● Dataset entries:
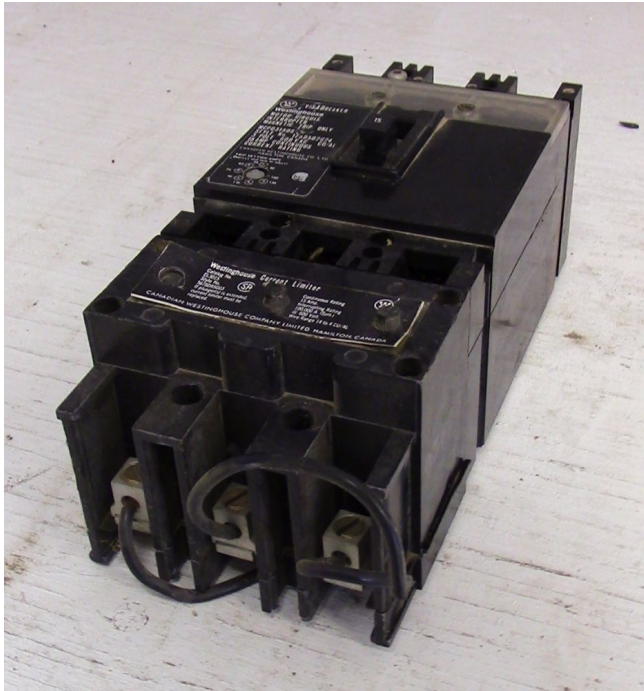

## [Westinghouse 3 Pole 15 Amp MCP Breaker](#)

[Inventory ID #163498]

Manufacturer: WESTINGHOUSE

- 600 VAC
- Cat #: MCP03150S
- Style #: 175D502G24
- Magnetic Trip Settings: 50 Amp - 150 Amp
- Contacts Viewing Window
- Current limiter Included
- Quantity 4

View more [15 Amp Breakers](#)
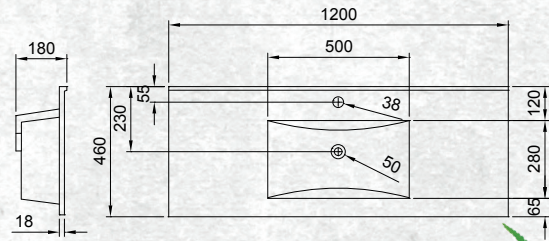

SPECIFICATION
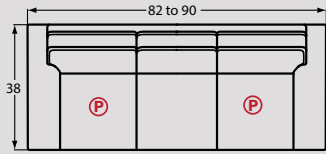

# L9 Series

Custom Order Leather Collection

Handcrafted in  
**AMERICA**

Designing a room full of furniture has never been so easy.  
33 pieces to choose from – endless possibilities!

SOFAS & LOVESEATS

#50 3 SEAT SOFA  
82 to 90W x 38D x 38H

#40 SHALLOW SEAT DEPTH 3 SEAT SOFA  
82 to 90W x 35D x 38H

#54 2 SEAT SOFA  
72 to 80W x 38D x 38H

#44 SHALLOW SEAT DEPTH 2 SEAT SOFA  
72 to 80W x 35D x 38H

#30 LOVESEAT  
58 to 66W x 38D x 38H

#25 SHALLOW SEAT DEPTH LOVESEAT  
58 to 66W x 35D x 38H

SLEEPERS

#50-68 3 SEAT QUEEN SLEEPER  
#50-98 MEMORY FOAM QUEEN SLEEPER  
78 to 86W x 38D x 38H

CHAIRS & OTTOMANS

#10 CHAIR  
36 to 44W x 38D x 38H

#05 SHALLOW SEAT DEPTH CHAIR  
36 to 44W x 35D x 38H

#15P CHAIR  
36 to 44W x 38D x 41H  
POWER ONLY  
(NO STATIONARY)
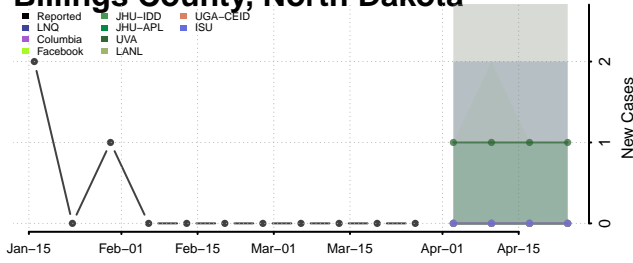

Billings County, North Dakota
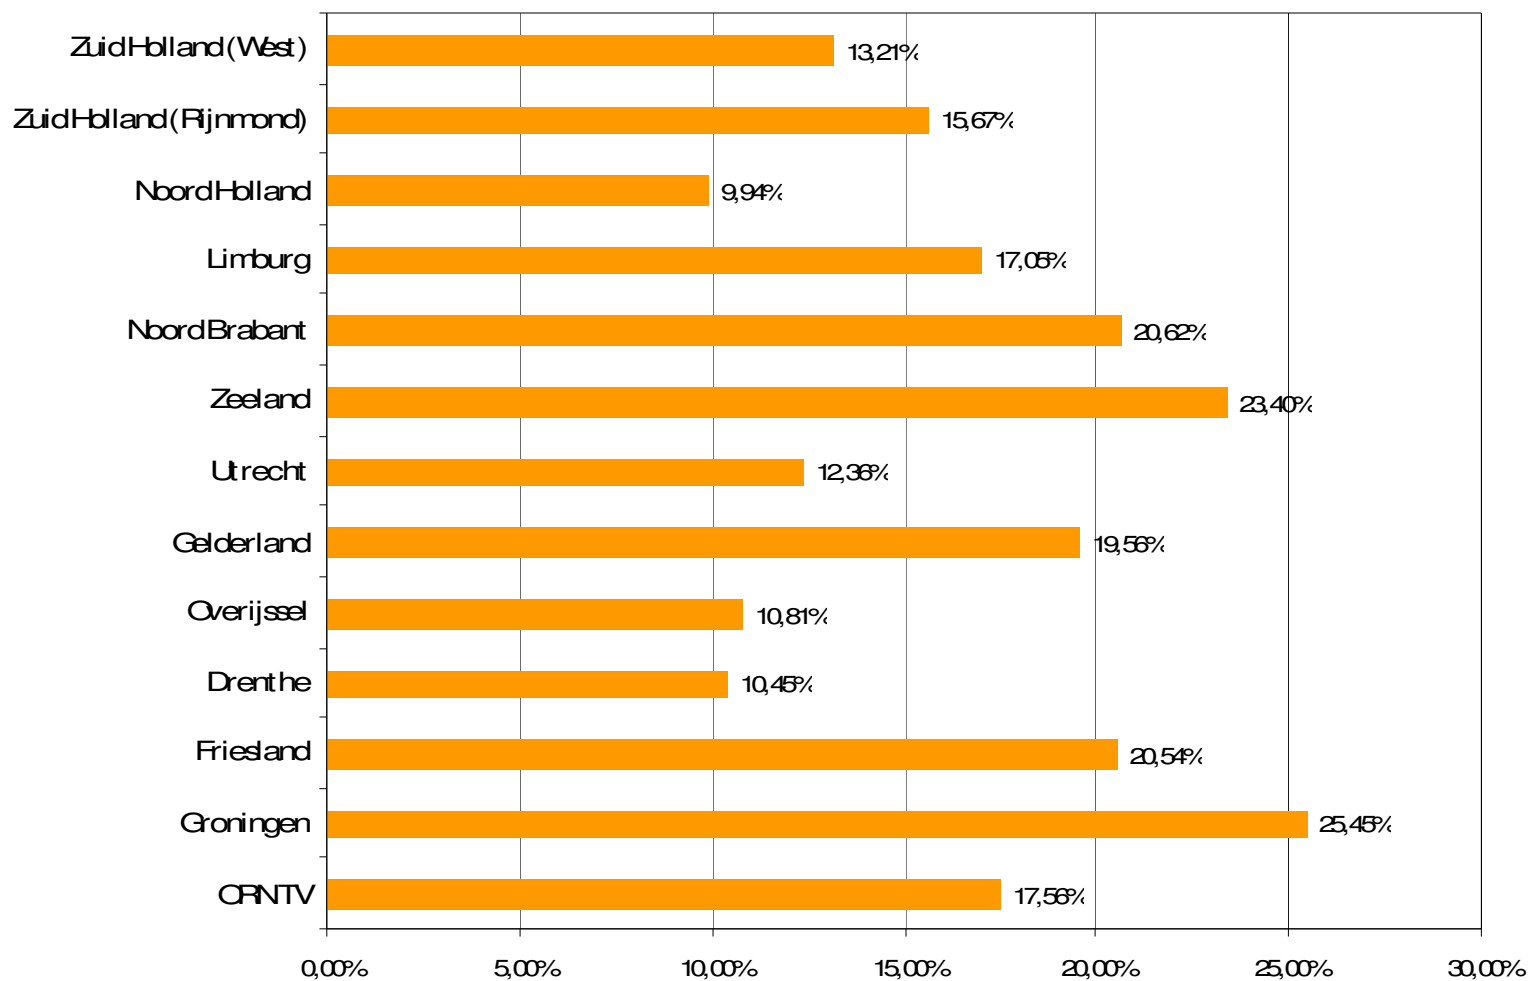

Weekrapport week 24 2010

Bron: SKO, ma-zo

Bron: SKO, ma-zo
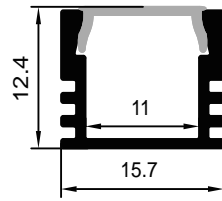

LS-1612B

ALU PROFILE

LS-1612 ALU 6063-T5 1M,2M,3M
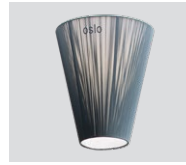

Oslo Wood

Oslo Wood beige shade – *Item no. 160*

Oslo Wood black shade – *Item no. 161*

Oslo Wood light blue shade – *Item no. 162*

Oslo Wood green shade – *Item no. 163*

Oslo Wood white shade – *Item no. 164*

Oslo Wood olive green shade – *Item no. 165*

Oslo Wood caramel shade – *Item no. 166*

Oslo Wood steel feet – *Item no. 180*

Oslo Wood gold feet – *Item no. 184*

Oslo Wood white matt feet – *Item no. 185*

Oslo Wood black matt feet – *Item no. 186*

Oslo Wood light grey feet – *Item no. 187*

Oslo Wood beige feet – *Item no. 188*

Product type: Floor lamp

Design: Ove Rogne, 2006

Shade material: Coloured chain link fabric

Shade colour: Beige, black, light blue, green, olive green, white or caramel

Body material: Steel

Body colour: Steel, gold, white matt, black matt, light grey or beige

Wire: Black, 200 cm

Dimmer switch: Black

Bulb: E27, Max. 100 W (dimnable)

Voltage: 220V - 240V - 50/60Hz

Net weight: 3.5 kg
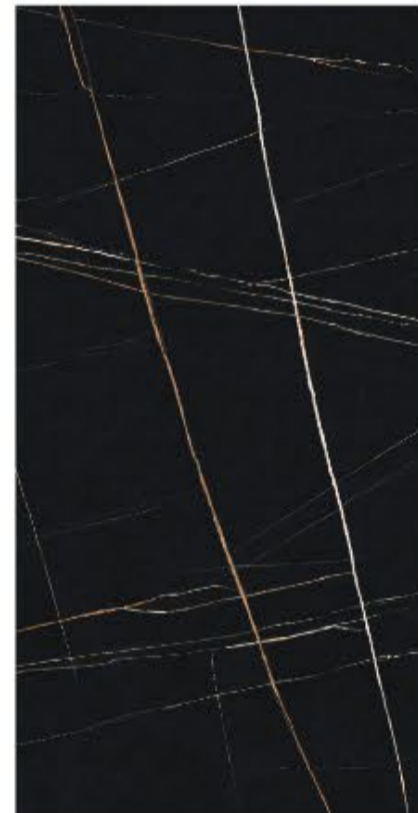

Colours on this brochure are indicative. Please refer to real samples or slabs.

Angora | Glossy

Artemis | Glossy

Calacatta | Matte

Arabescata Corchia | Matte

Celestial | Glossy, Honed

Calacatta Gold | Velvet

Asteria | Textured

America Oak | Matte

Full Slab Visuals

3200 x 1600 x 12mm

Colours on this brochure are indicative. Please refer to real samples or slabs.

Hermes Grey | *Matte*

Grey Levigato | *Matte*

Graphite Slate | *Matte*

Mystic Grey | *Honed*

Petra Gold | *Velvet*

Laurent Gold | *Matte*

Hercules A-B | *Matte*

Hestia Grey | *Matte*

Space White | *Honed*

Space Black | *Structured*

Graphite Slate

● Exercise prompt:
The answer should consist only of the number of lines above in which "Glossy" appears.

● Task response:
3